Nevertheless, he completed his formal studies and also made
a study of the British political system, frequently visiting
the House of Commons. He was greatly influenced by the liberalism
of William E. Gladstone, who had become prime minister for
the fourth time in 1892, the year of Jinnah's arrival in London.
Jinnah also took a keen interest in the affairs of India and
in Indian students. When the Parsi leader Dadabhai Naoroji,
a leading Indian nationalist, ran for the English Parliament,
Jinnah and other Indian students worked day and night for
him. Their efforts were crowned with success, and Naoroji
became the first Indian to sit in the House of Commons.
When
Jinnah returned to Karachi in 1896, he found that his father's
business had suffered losses and that he now had to depend
on himself. He decided to start his legal practice in Bombay,
but it took him years of work to establish himself as a lawyer.
It
was nearly 10 years later that he turned toward active politics.
A man without hobbies, his interest became divided between
law and politics. Nor was he a religious zealot: he was a
Muslim in a broad sense and had little to do with sects. His
interest in women was also limited to Ruttenbai--the daughter
of Sir Dinshaw Petit, a Bombay Parsi millionaire--whom he
married over tremendous opposition from her parents and others.
The marriage proved an unhappy one. It was his sister Fatima
who gave him solace and company.
Entry
into politics. 
Jinnah
first entered politics by participating in the 1906 Calcutta
session of the Indian National Congress, the party that called
for dominion status and later for independence for India.
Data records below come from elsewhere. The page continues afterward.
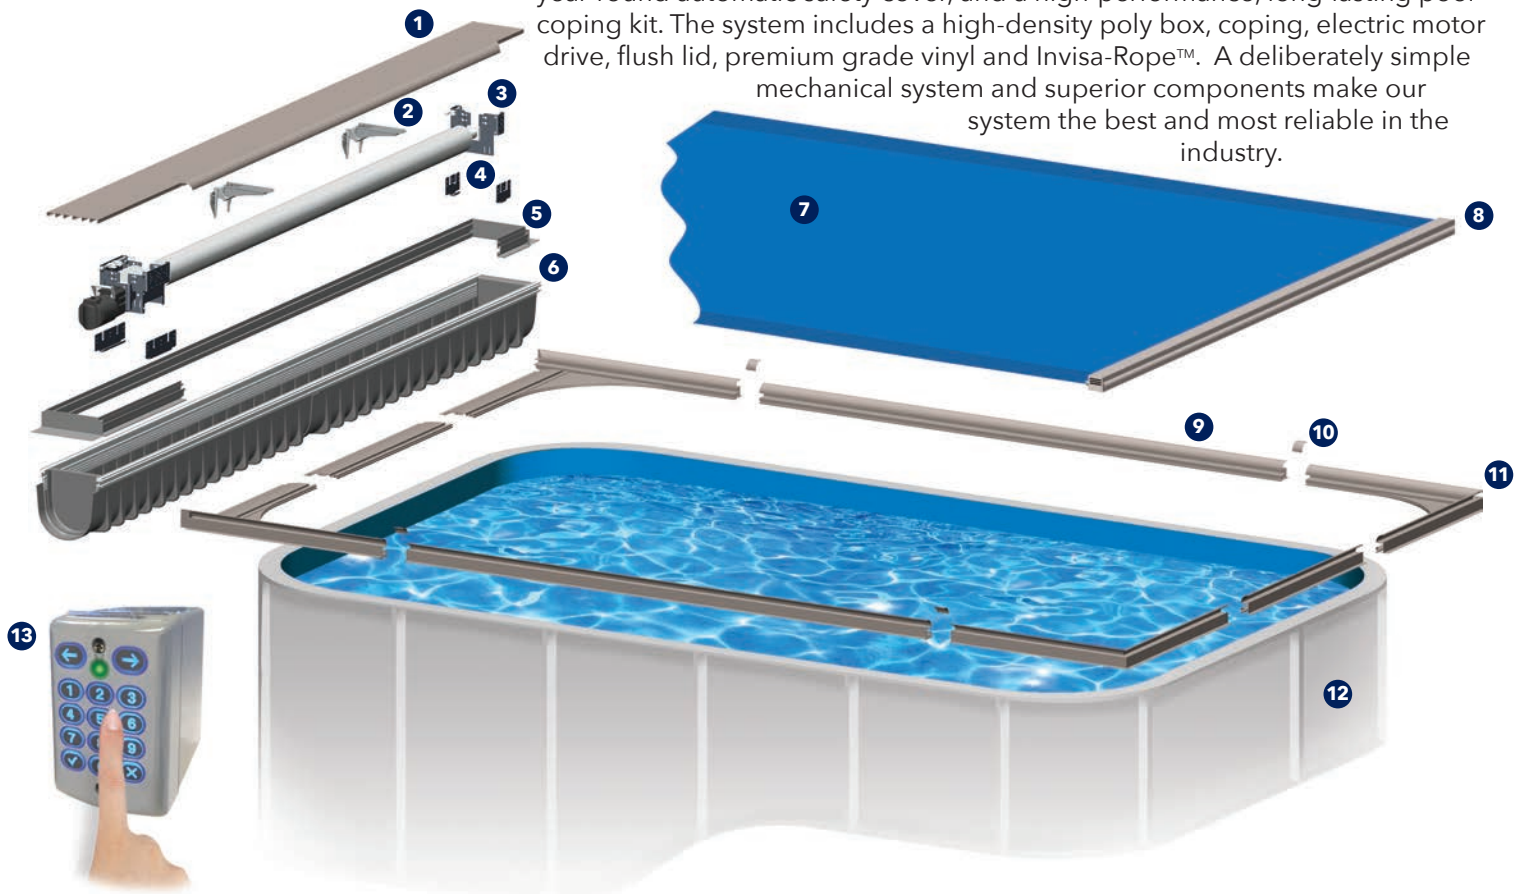

Many options available!

Under Track

Looking for that timeless design in your new pool? The under track application incorporates the AutoGuard® safety cover into a concealed track which is seamlessly fastened to the pool wall or secured in a track retainer system.

Fiberglass pool, deck on deck retainer

Gunitite pool with gunitite retainer

The advantages of the under track system are that it removes the cover tracks from your pool deck, gives you more options for the edges of the pool, and allows for greater flexibility in creating an attractive lid.

Vinyl liner with under track coping and flush lid

Vinyl liner with under track coping and aluminum lid

THREE•SIXTY•FIVE™ is a complete safety cover system for those who want the best for their swimming pool investment. This system is a unique combination of year-round automatic safety cover, and a high-performance, long-lasting pool coping kit. The system includes a high-density poly box, coping, electric motor drive, flush lid, premium grade vinyl and Invisa-Rope™. A deliberately simple mechanical system and superior components make our system the best and most reliable in the industry.

Water Resistant Motor with
Quick Connect Plug

Top Track

Recessed AutoGuard®

The AutoGuard® automatic pool cover top track system can be designed as a part of nearly any pool shape. The cover's low profile track is securely mounted to the top of the pool deck. The leading edge of the cover is strong and bow resistant while gliding the cover open and closed.
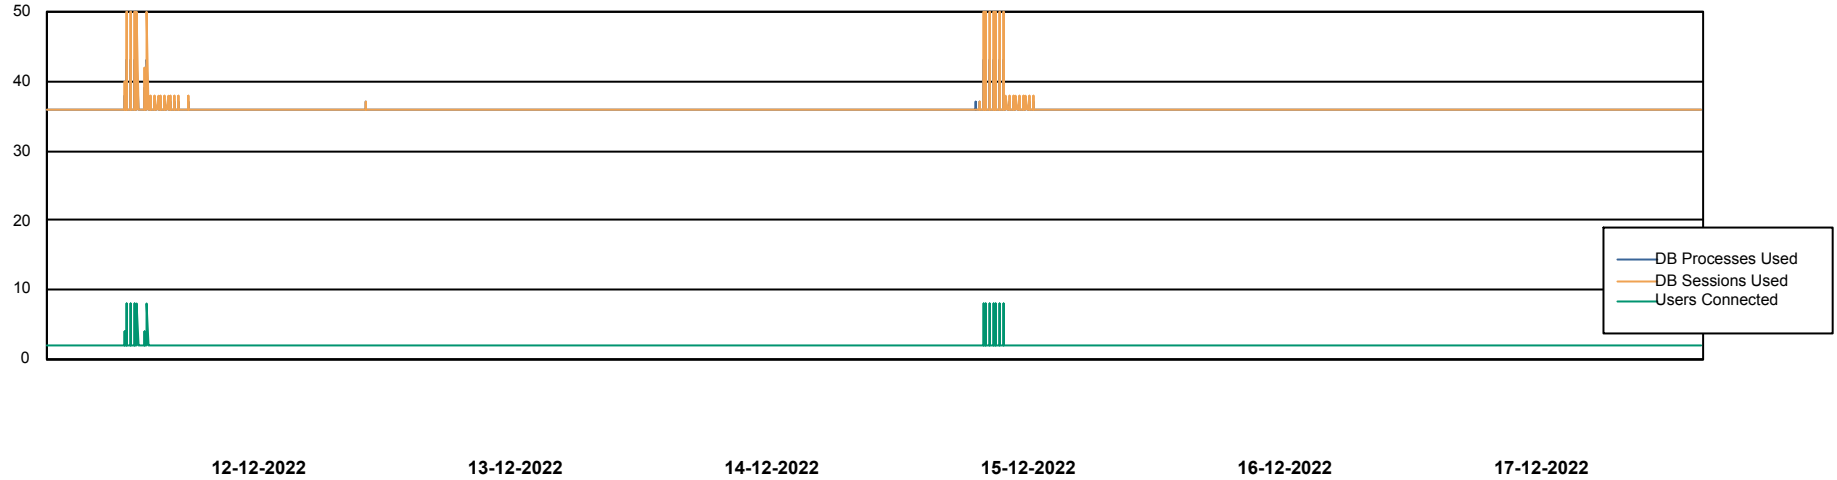

Database Performance RSS_DB_Standby (2020)

DB Processes Max 300
DB Sessions Max 472
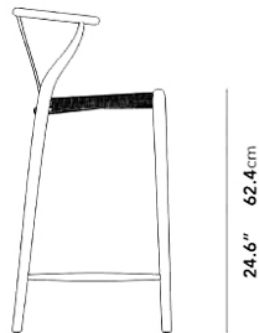

Rove Classics

Wishbone Counter Stool

The Wishbone Counter Stool is the taller version of one of the most classic designs from the mid century modern era. A rare combination of natural and practical, its misleadingly complex construction stems from the designer's extensive knowledge of wood. The fluid lines and minimalist style create an airy feel while the Y-back creates a truly organic impression. The curving top rail and tapered legs are stunning additions to the comfortably flexible yet sturdy woven seat.

Details

This premium Rove Concepts reproduction features:

- Single piece solid wood backrest/armrest without finger joints
- Available in solid ash wood with natural, walnut, black, or solid beech wood with painted lacquer finish
- Wood is treated with wood-wax oil
- Seat hand woven with durable paper cord
- Seat height: 24"

This item is not manufactured by or affiliated with the original designer(s) and associated parties.

Dimensions

21.7 in x 20.3 in x 37 in (Width x Depth x Height)

Seat Height: 24.6 in

Arm Height: 35.25 in

All measurements are approximations.

20.3" | 51.5cm

21.7" | 55cm
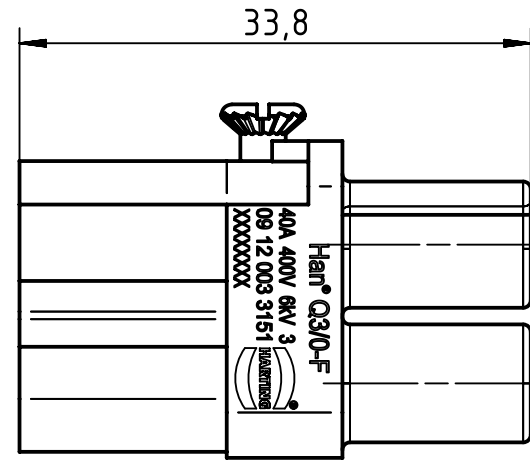

1 2 3 4 5 6

A

B

C

D

Insert fixing screw  
separately enclosed

stripping length 10 mm<sup>2</sup> (AWG 8) = 12 mm

	All Dimensions in mm Original Size DIN A4		Scale 2:1	Free size tol.		Ref.
			Created by HOLLERT	Inspected by SCHNIEDER	Standardisation TIEMANNA	Date 2014-10-27
All rights reserved Department EL PD - DE		Title <b>Han Q3/0 -F- Crimp</b>			State Final Release	
HARTING Electric GmbH & Co. KG D-32339 Espelkamp		Type TB			Number 09 12 003 3151	
					Doc-Key / ECM-Nr. 100221449/UGD/002/D 500000081124	Rev. <b>D</b>
					Page 1/1	
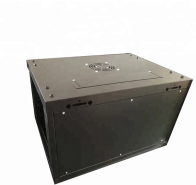

Snake Tray manufactures cable trays, power distribution solutions and cost-effective cable management systems for data centers, solar installations, transit & more.
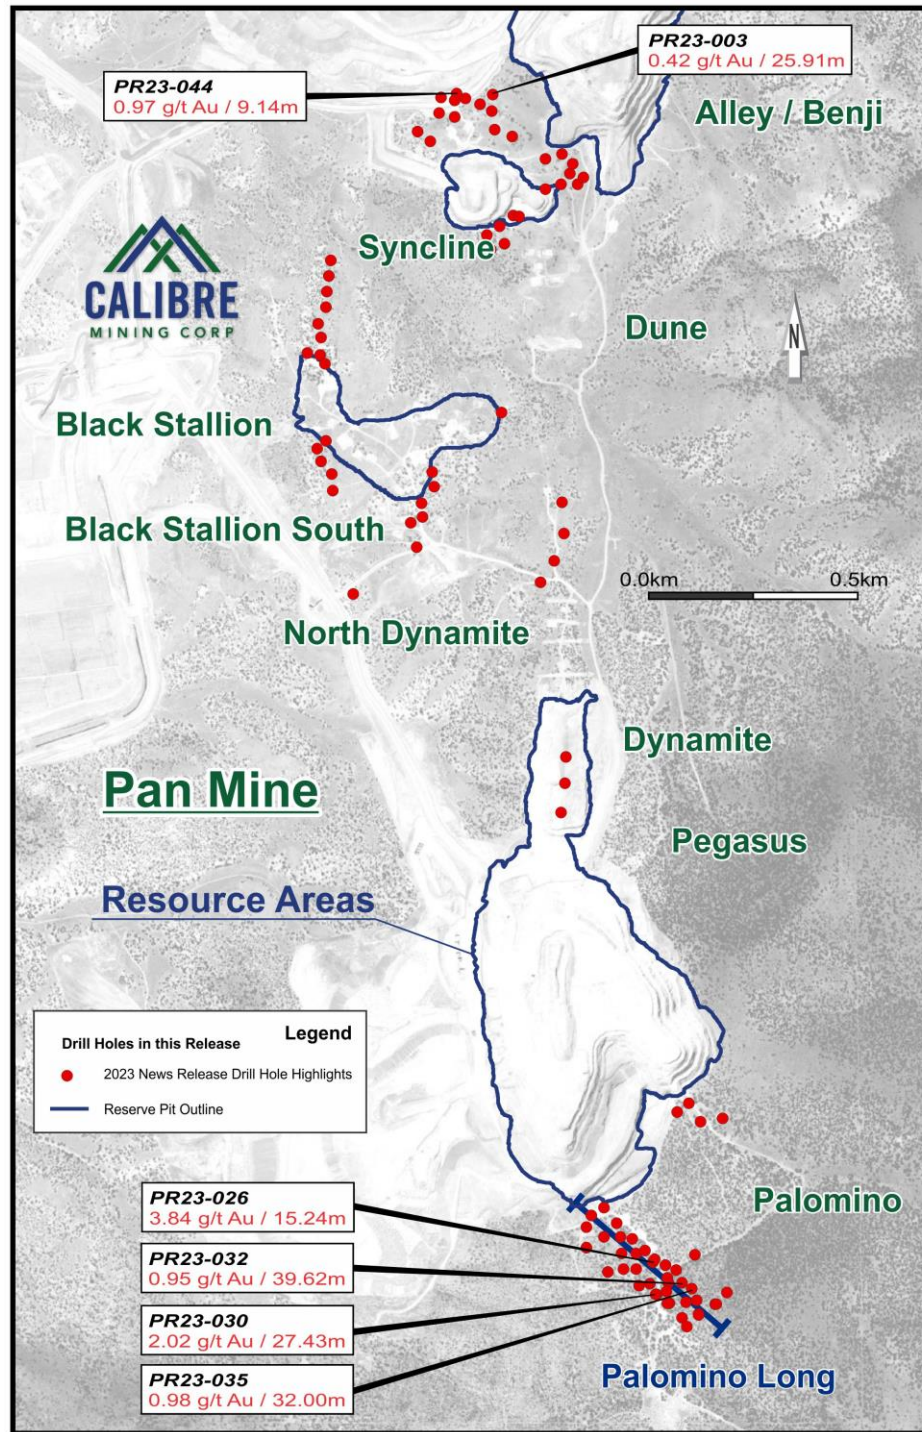

June 21, Pan Mine - Palomino Target Drill Results Figures

▲ Pan Mine – Palomino & Other Target Areas – Plan View

▲ Pan Mine – Palomino Target – Longitudinal Section

▲ Pan Mine – Reference Map for the Recently Discovered “Coyote Target” (news release dated January 17, 2023)

Note: Figures include select holes highlighted in this news release and news release dated January 17, 2023

NW

SE
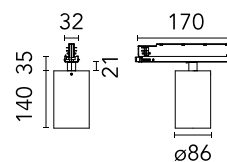

FLOS

09.7750.30B White

UT Spot Track Ø 86 GA

Designed by FLOS Architectural, UT S

Spotlight to be installed on 3-phase track with LED light source. 220-240V, 50-60Hz power supply integrated. .30 versions come with the track adapter, the arm and the rear of the head in black.

Are you a professional and your project needs consulting and support?

[BOOK AN APPOINTMENT](#)

Main specifications

Mounting	Track
Environments	Indoor dry location
Light source type	LED
Light sources included	Yes
LED type	LED array
Number of lamps	1
Power (W)	33
System power (W)	33
Source flux (lm)	3959
Lumen Output (lm)	2650

Physical

Colour	White
Trim	No
Orientation	Adjustable
Rotation (°)	360
Longitudinal tilting (°)	90
Spot diameter (mm)	86
Net weight (kg)	0.75
IP internal	20
IP external	20

Download

Mounting instructions [↓ PDF](#)

Photometric Files

LDT / IES [↓ ZIP](#)

Technical Drawings

2D [↓ ZIP](#)

3D [↓ ZIP](#)

Schematic light drawing

Photometric

Lighting type	Direct
Light distribution	Symmetric
CCT (K)	3000
CRI>	80
Beam angle C0-180 (°)	12
Beam angle C90-270 (°)	12
Extreme cut off	No
UGR _L	<10
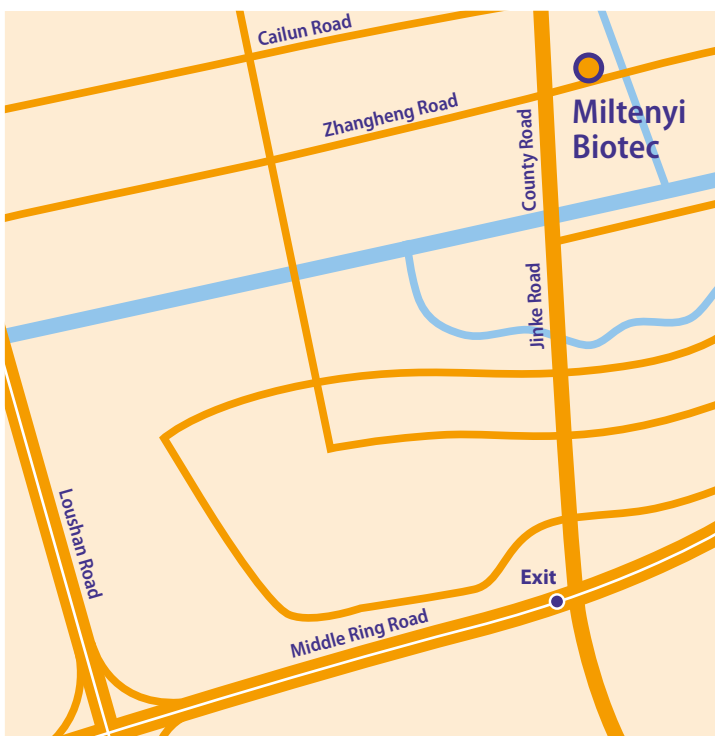

- Head south on Yingbing 5 Road and Yingbing 1 Road, 4 min (2.4 km)
- Get on S20 Outer Ring highway/West Ring 1 Avenue in Minhang District
- Continue on S20 Outer Ring Highway to Pudong New Area
- Take Exit Jinke Road from Central Ring Road, 27min (31.2 km)
- Take Jinke Road to Zhangheng Road, 7 min (2.4 km)
- 1077 Zhangheng Rd, Pudong New Area, Shanghai

By Metro and bus:

- Hongqiao Airport Terminal 1, walk about 3 min, 230 m
- Line 10 (direction of Xinjiangwancheng, 31 min, 13 stops)
- East Nanjing Road, walk about 4 min transfer to Line 2 (direction to Guanglan Road, 24 min, 8 stops)
- Jinke Road station Exit 3, take Bus Pudong #58 to Jinke Road & Cailun Road (3 stops, 7min)
- Walk along Jinke Road heading south and turn left at intersection Jinke Road & Zhangheng Road, walk about 11 min (736m)
- 1077 Zhangheng Rd, Pudong New Area, Shanghai

Miltenyi Biotec

Miltenyi Biotec | China Shanghai

How to find us

B. 从虹桥机场一号航站楼出发:

出租车:

- 迎宾5路/迎宾1路往南行驶 (4分, 2.4公里)
- 上S20外环高速/环西一大道, 继续前往浦东新区方向
- 上中环, 金科路出口驶出 (27分钟, 31.2公里)
- 金科路驶入张衡路 (7分钟, 2.4公里)
- 上海市浦东新区张衡路1077号
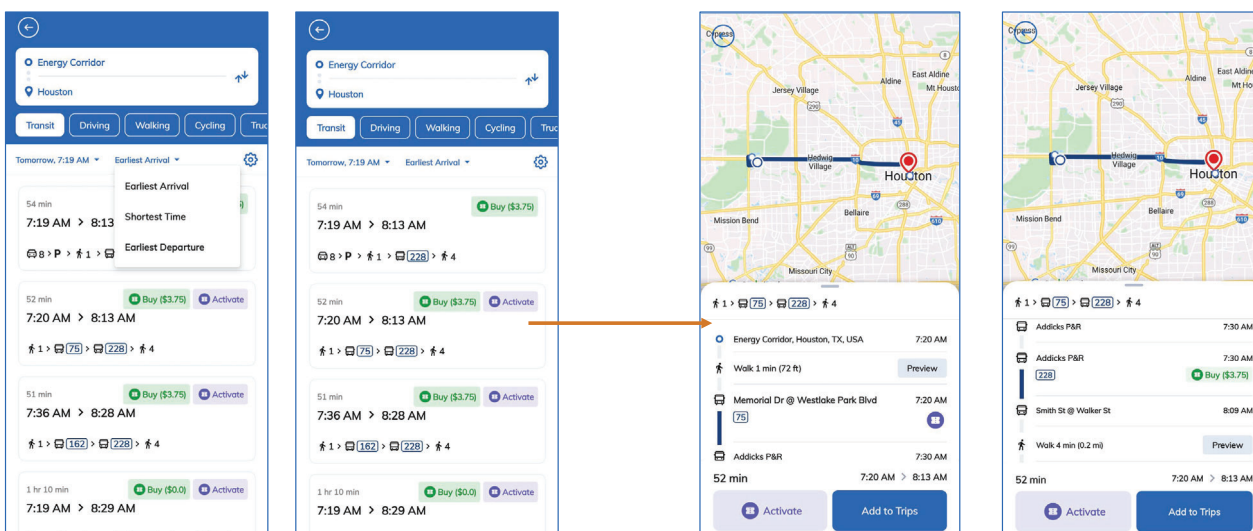

- Regional Travel Demand Management (TDM) program
- Traveler Information
- Transit Ticketing and Payment
- Vanpool Program
- Bikeshare Program
- No-Cost Towing for Motorists
- Parking Informatics
- High Comfort Bike Lanes

App Version Updates

- Find the most convenient trip that combines different modes to suit your needs

- Find the most convenient trip that combines different modes to suit your needs

BEFORE

Local Single Ride
Bus / Light Rail

Ticket Type

Park & Ride Zone 1 
Park & Ride

Routes in Park & Ride Zone 1 **\$2.00**
Valid for 3 hours once activated. Includes free transfers between any METRO service o...

Buy

Park & Ride Zone 3 
Park & Ride

Routes in Park & Ride Zone 3 **\$3.75**
Valid for 3 hours once activated. Includes free transfers between any METRO service o...

Buy

Park & Ride Zone 2 
Park & Ride

Routes in Park & Ride Zone 2 **\$3.25**
Valid for 3 hours once activated. Includes

Four years later he was elected to the Imperial Legislative
Council--the beginning of a long and distinguished parliamentary
career. In Bombay he came to know, among other important Congress
personalities, Gopal Krishna Gokhale, the eminent Maratha
leader. Greatly influenced by these nationalist politicians,
Jinnah aspired during the early part of his political life
to become "a Muslim Gokhale." Admiration for British
political institutions and an eagerness to raise the status
of India in the international community and to develop a sense
of Indian nationhood among the peoples of India were the chief
elements of his politics. At that time, he still looked upon
Muslim interests in the context of Indian nationalism.
But,
by the beginning of the 20th century, the conviction had been
growing among the Muslims that their interests demanded the
preservation of their separate identity rather than amalgamation
in the Indian nation that would for all practical purposes
be Hindu. Largely to safeguard Muslim interests, the All-India
Muslim League was founded in 1906. But Jinnah remained aloof
from it. Only in 1913, when authoritatively assured that the
league was as devoted as the Congress to the political emancipation
of India, did Jinnah join the league. When the Indian Home
Rule League was formed, he became its chief organiser in Bombay
and was elected president of the Bombay branch.
"Ambassador
of Hindu-Muslim unity." Jinnah's endeavours
to bring about thepolitical union of Hindus and Muslims earned
him the title of "the best ambassador of Hindu-Muslim
unity," an epithet coined by Gokhale. It was largely
through his efforts that the Congress and the Muslim League
began to hold their annual sessions jointly, to facilitate
mutual consultation and participation. In 1915 the two organisations
held their meetings in Bombay and in 1916 in Lucknow, where
the Lucknow Pact was concluded. Under the terms of the pact,
the two organisations put their seal to a scheme of constitutional
reform that became their joint demand vis-à-vis the
British government. There was a good deal of give and take,
but the Muslims obtained one important concession in the shape
of separate electorates, already conceded to them by the government
in 1909 but hitherto resisted by the Congress.
Meanwhile,
a new force in Indian politics had appeared in the person
of Mohandas K. Gandhi. Both the Home Rule League and the Indian
National Congress had come under his sway. Opposed to Gandhi's
Non-co-operation Movement and his essentially Hindu approach
to politics, Jinnah left both the League and the Congress
in 1920. For a few years he kept himself aloof from the main
political movements. He continued to be a firm believer in
Hindu-Muslim unity and constitutional methods for the achievement
of political ends. After his withdrawal from the Congress,
he used the Muslim League platform for the propagation of
his views. But during the 1920s the Muslim League, and with
it Jinnah, had been overshadowed by the Congress and the religiously
oriented Muslim Khilafat committee.
When
the failure of the Non-co-operation Movement and the emergence
of Hindu revivalist movements led to antagonism and riots
between the Hindus and Muslims, the league gradually began
to come into its own. Jinnah's problem during the following
years was to convert the league into an enlightenedpolitical
body prepared to co-operate with other organisations working
for the good of India. In addition, he had to convince the
Congress, as a prerequisite for political progress, of the
necessity of settling the Hindu-Muslim conflict.
To
bring about such a rapprochement was Jinnah's chief purpose
during the late 1920s and early 1930s. He worked toward this
end within the legislative assembly, at the Round Table Conferences
in London (1930-32), and through his 14 points, which included
proposals for a federal form of government, greater rights
for minorities, one-third representation for Muslims in the
central legislature, separation of the predominantly Muslim
Sindh region from the rest of the Bombay province, and the
introduction of reforms in the north-west Frontier Province.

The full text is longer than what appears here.